U.S. lawmakers, wary of Big Tech, propose antitrust overhaul

Technology
U.S. lawmakers, wary of Big Tech, propose antitrust overhaul
U.S. lawmakers have unveiled sweeping antitrust measures targeted at tempering the dominance of Big Tech companies including Apple and Facebook, in what may be the most ambitious effort in decades to break corporate monopolies.

A bipartisan band of House members on Friday introduced five separate bills that propose changes so comprehensive they could reshape the major U.S. technology and entertainment companies and force an overhaul of their business practices.

In a bid to defend against corporate consolidation, the measures would make it harder for mega-companies like Amazon and Google to buy out smaller competitors, and facilitate the breakup of firms that use their dominant position in their core business to make deep inroads into another.

"At this time, unregulated tech monopolies have an excessive amount of power over our economy," the House Judiciary's Antitrust Subcommittee chairman David Cicilline, a Democrat, said in introducing the measures.

"They are in a distinctive position to choose winners and losers, destroy small businesses, raise prices on consumers, and put folks unemployed."

The goal, he said, is to "level the playing field" and ensure that powerful tech companies follow the same rules as other businesses.

The bills follow a 16-month investigation by the Antitrust Subcommittee in to the state of competition in the digital marketplace, and particularly the unregulated power wielded by Amazon, Apple, Facebook, and Google.

Silicon Valley giants attended under increasing fire in Europe and the United States due to concerns about monopoly-like power.

U.S. President Joe Biden and other G7 countries are keen to create a global tax rate of at least 15 percent on multinational firms, in a bid to optimize tax earnings from tech behemoths.

The antitrust bills ought to be debated and voted favorably out of your Judiciary Committee before getting a vote by the entire House of Representatives.

They might also need approval from the Senate before they may be signed into law by Biden.

Among the bills escalates the fees for mergers in order that regulators have significantly more funds to police corporations and enforce antitrust laws.

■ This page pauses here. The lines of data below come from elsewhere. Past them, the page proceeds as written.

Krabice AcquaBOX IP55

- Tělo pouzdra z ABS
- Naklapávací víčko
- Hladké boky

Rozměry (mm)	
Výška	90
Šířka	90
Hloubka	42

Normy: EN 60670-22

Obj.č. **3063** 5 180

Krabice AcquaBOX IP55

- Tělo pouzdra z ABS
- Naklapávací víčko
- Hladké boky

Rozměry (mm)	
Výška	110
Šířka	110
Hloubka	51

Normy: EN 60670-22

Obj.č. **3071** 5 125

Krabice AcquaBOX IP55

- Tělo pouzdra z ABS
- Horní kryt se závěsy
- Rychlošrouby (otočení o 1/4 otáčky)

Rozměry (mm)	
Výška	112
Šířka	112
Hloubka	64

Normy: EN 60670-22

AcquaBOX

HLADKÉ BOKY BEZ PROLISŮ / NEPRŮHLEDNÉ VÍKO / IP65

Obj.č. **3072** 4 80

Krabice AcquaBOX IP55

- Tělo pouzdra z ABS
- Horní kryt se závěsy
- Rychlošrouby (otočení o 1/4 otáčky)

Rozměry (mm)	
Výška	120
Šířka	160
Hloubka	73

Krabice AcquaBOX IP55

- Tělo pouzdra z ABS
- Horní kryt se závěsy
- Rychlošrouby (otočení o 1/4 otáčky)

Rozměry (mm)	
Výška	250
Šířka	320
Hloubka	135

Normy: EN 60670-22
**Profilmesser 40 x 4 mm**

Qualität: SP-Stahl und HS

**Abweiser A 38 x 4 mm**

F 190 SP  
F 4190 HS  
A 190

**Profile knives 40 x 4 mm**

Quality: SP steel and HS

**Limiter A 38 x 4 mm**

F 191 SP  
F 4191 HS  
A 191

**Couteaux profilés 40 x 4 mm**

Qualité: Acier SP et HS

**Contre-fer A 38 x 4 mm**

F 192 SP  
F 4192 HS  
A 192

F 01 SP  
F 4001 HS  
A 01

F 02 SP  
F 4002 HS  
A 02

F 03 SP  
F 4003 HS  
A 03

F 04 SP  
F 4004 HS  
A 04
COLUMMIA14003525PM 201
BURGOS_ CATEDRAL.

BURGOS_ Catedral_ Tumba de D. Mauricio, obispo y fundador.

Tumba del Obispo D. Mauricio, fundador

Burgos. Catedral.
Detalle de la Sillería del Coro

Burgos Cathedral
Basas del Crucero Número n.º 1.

"Big Tech has abused its dominance available on the market to crush competitors, censor speech, and control how we see and understand the world," said House Republican Ken Buck, who took direct aim at a few of the largest players.

"Apple, Amazon, Facebook and Google have prioritized power over innovation and harmed American businesses and consumers along the way."

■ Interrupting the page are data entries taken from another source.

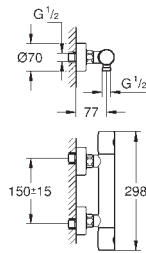

GROHE GROHTHERM 800 COSMOPOLITAN

Référence No.

Finition

Prix € sans
TVA

34 765 000

chromé

212,50

Grotherm 800 Cosmopolitan
Mitigeur thermostatique douche 1/2"
montage mural

GROHE StarLight : chrome éclatant et durable

GROHE MetalGrip poignée ergonomique en métal

GROHE SafeStop : butée à 38°C

GROHE SafeStop Plus : limiteur optionnel température à 43°C

GROHE TurboStat Régulation thermostatique quasi-instantanée

robinet d'arrêt intégré

GROHE EcoButton: poignée de débit avec touche éco et butée éco réglable

séparément

tête céramique 1/2", 180°

clapet(s) anti-retour intégré(s) agréé Belgaqua

filtres intégrés

raccords S

rosace en métal

GROHE EcoJoy 100% de plaisir, jusqu'à 50% d'économie

34 766 000

chromé

277,00
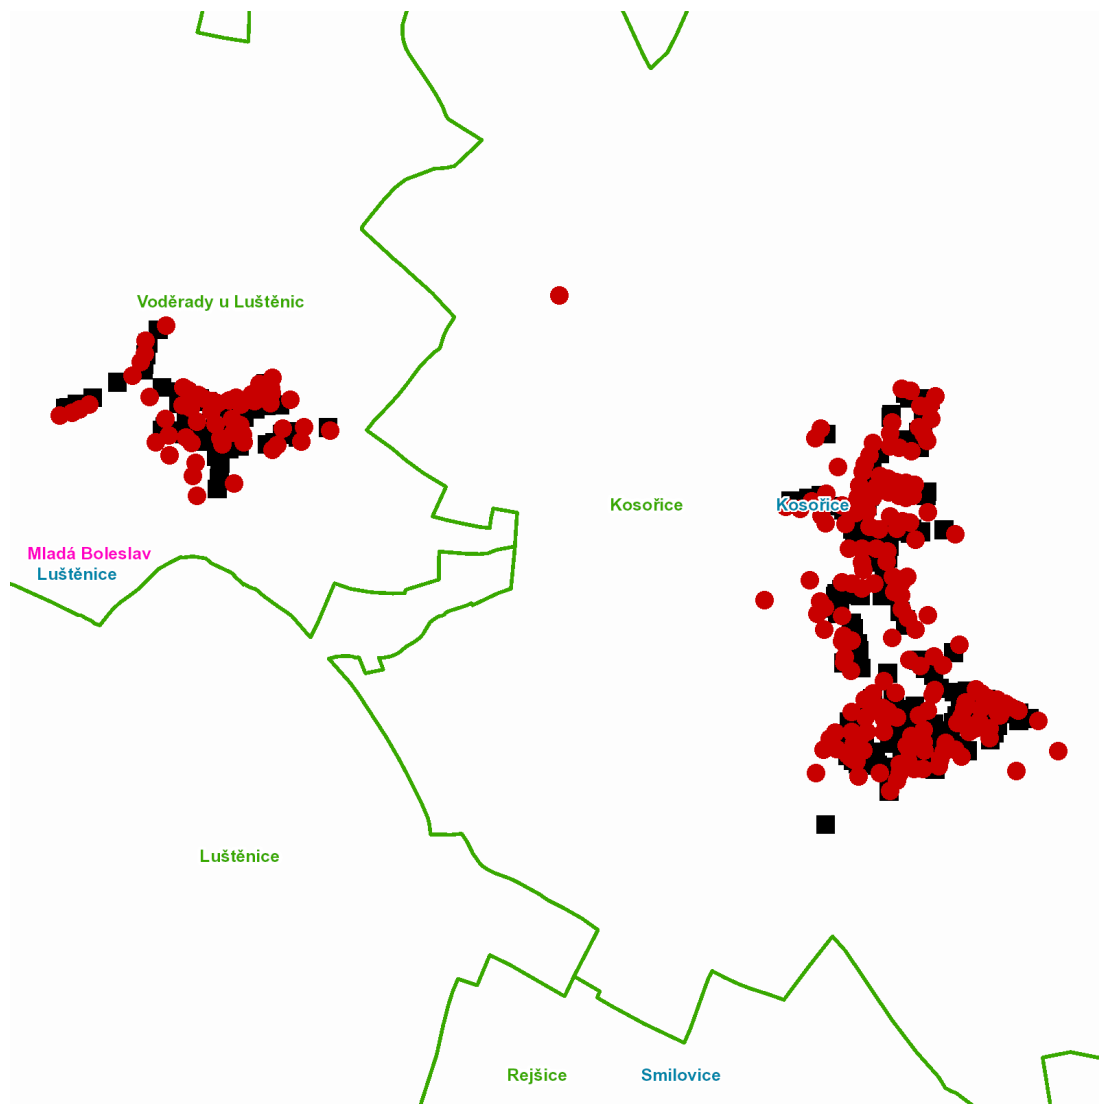

dne **20. 10. 2021** od **7:30** do **13:00** hodin

Plánovaná odstávka zahrnuje tyto lokality:**Kosořice (okres Mladá Boleslav)**

č. p. 1, 3-9, 11-29, 31, 32, 34-41, 43, 44, 45, 48-59, 61-83, 85-117, 119-135, 137, 138, 139, 141, 142, 143, 144, 147, 151, 152, 153, 154, 156, 158, 159, 160, 162, 163, 164, 166, 168, 169, 171, 172, 175, 177, 180, 182, 189, 199

část obce **Voděradý**

č. p. 1-6, 8-12, 14, 15, 18, 19, 22, 23, 24, 25, 29, 30, 31, 32, 36, 38, 39, 40, 42, 43, 44, 45, 47-68, 71, 72

kat. území **Voděradý u Luštěnic** (kód **689114**): **parcelní č.** 4/7

dne **20. 10. 2021** od **7:30** do **13:00** hodin**Orientační mapový podklad odstávkou dotčených lokalit****VYSVĚTLIVKY**

- – adresy dotčené odstávkou elektřiny
- – místa připojení k elektrické síti dotčená odstávkou

INFORMACE ZASLÁNA

IDDS: n5ba7v2 (Obec Kosořice)

IDDS: 7xxbpp4 (Obec Luštěnice)
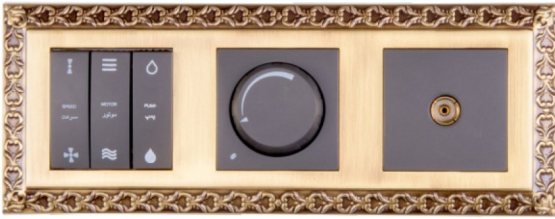

قیمت (ریال)	کد کالا	قاب کلاسیک برنزی ۰۱
۹۳۰/۰۰۰	۳۸۹۶	قاب تکی کلاسیک برنزی
۱/۱۰۰/۰۰۰	۶۵۱۴	قاب دوتایی کلاسیک برنزی
۱/۷۸۰/۰۰۰	۶۵۱۵	قاب سه تایی کلاسیک برنزی

قاب های لوکس

قاب کلاسیک و اشکی رنگی

قیمت (ریال)	کد کالا	قاب کلاسیک اشکی رنگی
-	-	قاب تکی کلاسیک اشکی رنگی
-	-	قاب دوتایی کلاسیک اشکی رنگی
-	-	قاب سه تایی کلاسیک اشکی رنگی

قیمت (ریال)	کد کالا	قاب اشکی برنزی ۰۲
۹۳۰/۰۰۰	۳۸۹۸	قاب تکی کلاسیک اشکی برنزی
۱/۱۰۰/۰۰۰	۶۵۱۴	قاب دوتایی کلاسیک اشکی برنزی
۱/۷۸۰/۰۰۰	۶۵۱۵	قاب سه تایی کلاسیک اشکی برنزی

قیمت (ریال)	کد کالا	دیگر قاب های برنزی
۶۰۰/۰۰۰	۵۷۹۸	قاب برنزی پارت
۶۰۰/۰۰۰	۵۳۳۴	قاب برنزی آسمان
۶۵۰/۰۰۰	۶۵۱۶	قاب برنزی آذین
۶۰۰/۰۰۰	۵۷۷۵	قاب برنزی آرا
۶۰۰/۰۰۰	۵۸۱۸	قاب برنزی شهاب
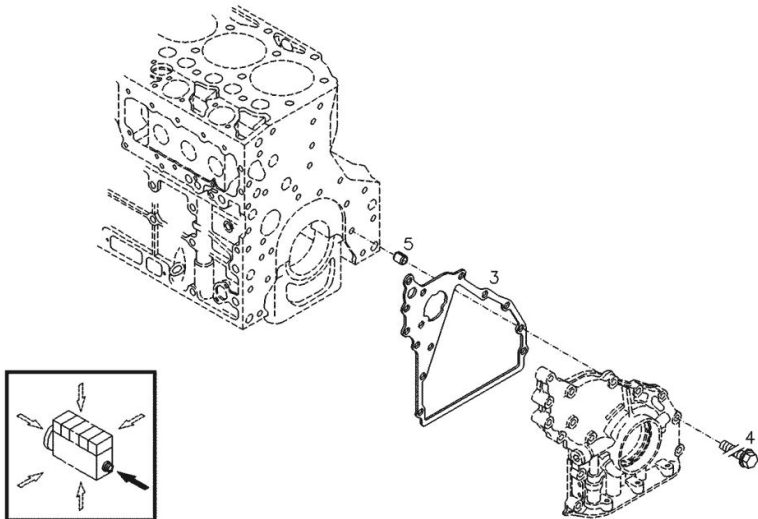

001

1	01179634	1	plug H 002860-A36-ST-FE/ZNPHR
185	01016127		sealing compound ml. 50 H 000699-DEUTZ DW 72- 50 ML

Section: ENGINE
FASTENINGS

Fig.	P/n	QTY	Name
------	-----	-----	------

Notes:

[AGROTRON 260 MK3]

001

3	04204450	1	gasket
4	01143362	14	screw EN 001662-F-M 8 X 35- 10.9-A4C
5	01181406	1	bushing H 002341-B11X 8-FE/ZN12C*

0507 0381

OIL PRESSUR.SWITCH

Fig.	P/n	QTY	Name
------	-----	-----	------

Notes:

[AGROTRON 260 MK3]

The reform effort comes amid heightened scrutiny of large tech platforms that have increased their dominance through the coronavirus pandemic.

U.S. state and federal antitrust enforcers this past year filed suits targeting Facebook and Google alleging unlawful dominance of their respective markets.

And last month Amazon was hit with an antitrust suit from the administrative centre Washington, which claimed the tech giant abuses its dominant position in online retail sales, harming consumers.

The Computer & Communications Industry Association, which Google, Amazon and Facebook are members, warned that the latest legislation is too "interventionist" and may mark the biggest departure from US antitrust policy in a hundred years.

"At the same time when individuals are frustrated with higher prices and fewer options in other segments of the economy, it's perplexing that the Committee wouldn't normally prioritize broad reform" instead of narrow action against a few companies, CCIA President Matthew Schruers said in a statement.

"Writing regulations for a handful of businesses will skew competition and leave consumers worse off."